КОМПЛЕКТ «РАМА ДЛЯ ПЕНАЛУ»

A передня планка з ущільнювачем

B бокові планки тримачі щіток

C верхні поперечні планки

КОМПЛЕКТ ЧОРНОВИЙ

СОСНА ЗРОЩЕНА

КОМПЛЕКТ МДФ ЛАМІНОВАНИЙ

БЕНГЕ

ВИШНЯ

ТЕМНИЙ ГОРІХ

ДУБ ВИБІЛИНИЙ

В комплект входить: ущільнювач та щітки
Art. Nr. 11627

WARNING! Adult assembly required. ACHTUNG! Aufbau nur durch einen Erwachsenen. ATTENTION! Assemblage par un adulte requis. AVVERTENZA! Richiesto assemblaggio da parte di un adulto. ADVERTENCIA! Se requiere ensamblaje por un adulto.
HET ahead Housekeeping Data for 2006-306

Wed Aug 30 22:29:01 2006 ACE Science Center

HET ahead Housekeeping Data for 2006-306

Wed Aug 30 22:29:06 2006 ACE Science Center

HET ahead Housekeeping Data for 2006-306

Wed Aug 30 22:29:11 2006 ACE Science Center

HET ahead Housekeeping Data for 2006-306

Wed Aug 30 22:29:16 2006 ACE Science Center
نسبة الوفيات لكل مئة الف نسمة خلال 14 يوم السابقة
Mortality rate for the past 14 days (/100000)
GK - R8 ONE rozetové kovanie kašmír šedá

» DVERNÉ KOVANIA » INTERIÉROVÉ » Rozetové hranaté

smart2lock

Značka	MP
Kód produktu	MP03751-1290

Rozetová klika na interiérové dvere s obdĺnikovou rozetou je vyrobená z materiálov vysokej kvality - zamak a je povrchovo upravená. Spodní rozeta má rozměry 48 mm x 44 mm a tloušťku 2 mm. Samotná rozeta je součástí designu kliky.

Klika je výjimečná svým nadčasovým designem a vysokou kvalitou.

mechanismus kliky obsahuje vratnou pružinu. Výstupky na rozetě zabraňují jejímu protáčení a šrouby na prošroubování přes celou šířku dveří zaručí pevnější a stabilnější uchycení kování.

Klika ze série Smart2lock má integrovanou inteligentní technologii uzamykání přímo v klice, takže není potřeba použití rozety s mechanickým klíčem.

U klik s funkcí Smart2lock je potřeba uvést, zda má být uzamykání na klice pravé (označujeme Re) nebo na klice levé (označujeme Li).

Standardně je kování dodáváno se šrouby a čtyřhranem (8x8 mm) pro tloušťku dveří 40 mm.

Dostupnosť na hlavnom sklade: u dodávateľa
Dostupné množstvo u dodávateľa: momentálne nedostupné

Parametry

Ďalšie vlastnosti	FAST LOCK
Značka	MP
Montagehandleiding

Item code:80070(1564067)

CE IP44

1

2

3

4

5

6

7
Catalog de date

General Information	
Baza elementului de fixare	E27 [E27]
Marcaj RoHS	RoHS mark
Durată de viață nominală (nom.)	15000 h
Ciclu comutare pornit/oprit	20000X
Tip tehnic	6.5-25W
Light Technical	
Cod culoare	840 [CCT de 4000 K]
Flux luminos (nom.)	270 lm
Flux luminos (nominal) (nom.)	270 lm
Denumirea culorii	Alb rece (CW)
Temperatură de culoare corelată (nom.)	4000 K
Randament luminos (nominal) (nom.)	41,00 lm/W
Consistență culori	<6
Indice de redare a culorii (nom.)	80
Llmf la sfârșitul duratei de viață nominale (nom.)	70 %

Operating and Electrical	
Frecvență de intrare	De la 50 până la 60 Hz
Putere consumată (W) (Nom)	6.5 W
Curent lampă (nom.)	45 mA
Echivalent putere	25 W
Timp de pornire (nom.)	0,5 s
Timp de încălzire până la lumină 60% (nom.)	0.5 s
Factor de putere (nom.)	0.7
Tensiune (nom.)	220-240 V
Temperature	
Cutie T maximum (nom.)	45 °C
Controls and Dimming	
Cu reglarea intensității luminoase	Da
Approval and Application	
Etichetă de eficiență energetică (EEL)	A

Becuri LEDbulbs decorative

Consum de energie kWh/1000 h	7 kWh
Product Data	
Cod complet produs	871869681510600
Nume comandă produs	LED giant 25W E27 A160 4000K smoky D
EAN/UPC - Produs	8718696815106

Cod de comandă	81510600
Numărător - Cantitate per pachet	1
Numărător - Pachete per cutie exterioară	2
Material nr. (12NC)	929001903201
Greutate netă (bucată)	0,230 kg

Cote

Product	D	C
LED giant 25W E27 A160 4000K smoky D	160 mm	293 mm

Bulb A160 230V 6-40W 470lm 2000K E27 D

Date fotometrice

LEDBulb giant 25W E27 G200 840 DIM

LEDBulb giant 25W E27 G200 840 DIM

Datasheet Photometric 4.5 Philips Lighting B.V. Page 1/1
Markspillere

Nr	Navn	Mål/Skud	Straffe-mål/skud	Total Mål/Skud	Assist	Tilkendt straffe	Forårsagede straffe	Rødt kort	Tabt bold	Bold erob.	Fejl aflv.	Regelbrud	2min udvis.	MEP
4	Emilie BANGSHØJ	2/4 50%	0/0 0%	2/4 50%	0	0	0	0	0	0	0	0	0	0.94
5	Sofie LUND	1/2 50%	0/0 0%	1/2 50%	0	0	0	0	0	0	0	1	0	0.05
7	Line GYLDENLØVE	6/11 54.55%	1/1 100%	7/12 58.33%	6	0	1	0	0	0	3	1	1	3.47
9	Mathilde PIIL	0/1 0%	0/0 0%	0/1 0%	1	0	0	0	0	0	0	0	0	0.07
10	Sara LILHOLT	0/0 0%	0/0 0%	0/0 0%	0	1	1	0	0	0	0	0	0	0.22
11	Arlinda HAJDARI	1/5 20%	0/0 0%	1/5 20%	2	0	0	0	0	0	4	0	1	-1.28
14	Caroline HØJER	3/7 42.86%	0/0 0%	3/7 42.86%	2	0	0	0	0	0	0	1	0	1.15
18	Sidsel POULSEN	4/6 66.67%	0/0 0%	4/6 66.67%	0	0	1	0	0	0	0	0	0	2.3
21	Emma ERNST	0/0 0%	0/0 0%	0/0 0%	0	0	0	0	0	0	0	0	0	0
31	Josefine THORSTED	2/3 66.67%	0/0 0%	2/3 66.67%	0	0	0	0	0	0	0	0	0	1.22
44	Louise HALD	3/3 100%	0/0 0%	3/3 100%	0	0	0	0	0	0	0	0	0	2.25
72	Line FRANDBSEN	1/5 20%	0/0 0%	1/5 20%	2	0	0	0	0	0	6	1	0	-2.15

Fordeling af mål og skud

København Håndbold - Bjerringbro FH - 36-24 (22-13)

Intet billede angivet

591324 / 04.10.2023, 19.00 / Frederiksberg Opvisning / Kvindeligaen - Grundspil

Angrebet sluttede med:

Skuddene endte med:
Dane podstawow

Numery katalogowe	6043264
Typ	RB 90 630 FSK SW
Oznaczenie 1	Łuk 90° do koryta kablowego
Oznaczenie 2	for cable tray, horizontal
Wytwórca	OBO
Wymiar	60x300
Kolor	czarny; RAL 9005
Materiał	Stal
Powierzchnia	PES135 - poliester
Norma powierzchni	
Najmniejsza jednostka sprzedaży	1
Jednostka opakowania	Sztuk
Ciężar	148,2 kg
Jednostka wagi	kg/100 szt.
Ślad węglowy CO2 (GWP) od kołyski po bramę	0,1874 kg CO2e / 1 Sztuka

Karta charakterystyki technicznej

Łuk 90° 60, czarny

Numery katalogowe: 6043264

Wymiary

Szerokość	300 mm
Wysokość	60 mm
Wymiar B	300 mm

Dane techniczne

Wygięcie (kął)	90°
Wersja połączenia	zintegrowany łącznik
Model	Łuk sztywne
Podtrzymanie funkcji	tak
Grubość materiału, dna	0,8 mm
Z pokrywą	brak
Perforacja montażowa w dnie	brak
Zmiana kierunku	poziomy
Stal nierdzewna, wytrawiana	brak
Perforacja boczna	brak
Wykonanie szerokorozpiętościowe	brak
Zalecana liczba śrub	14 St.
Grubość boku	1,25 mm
----------
Restate verbatim all lines from the start of the data through the line containing "Wed Aug 30 22:29:06 2006 ACE Science Center", with both ends kept.

PROBLEM SOLUTION.
КОМПЛЕКТ «РАМА ДЛЯ ПЕНАЛУ»

A передня планка з ущільнювачем

B бокові планки тримачі щіток

C верхні поперечні планки

КОМПЛЕКТ ЧОРНОВИЙ

СОСНА ЗРОЩЕНА

КОМПЛЕКТ МДФ ЛАМІНОВАНИЙ

БЕНГЕ

ВИШНЯ

ТЕМНИЙ ГОРІХ

ДУБ ВИБІЛИНИЙ

В комплект входить: ущільнювач та щітки
Art. Nr. 11627

WARNING! Adult assembly required. ACHTUNG! Aufbau nur durch einen Erwachsenen. ATTENTION! Assemblage par un adulte requis. AVVERTENZA! Richiesto assemblaggio da parte di un adulto. ADVERTENCIA! Se requiere ensamblaje por un adulto.
HET ahead Housekeeping Data for 2006-306

Wed Aug 30 22:29:01 2006 ACE Science Center

HET ahead Housekeeping Data for 2006-306

Wed Aug 30 22:29:06 2006 ACE Science Center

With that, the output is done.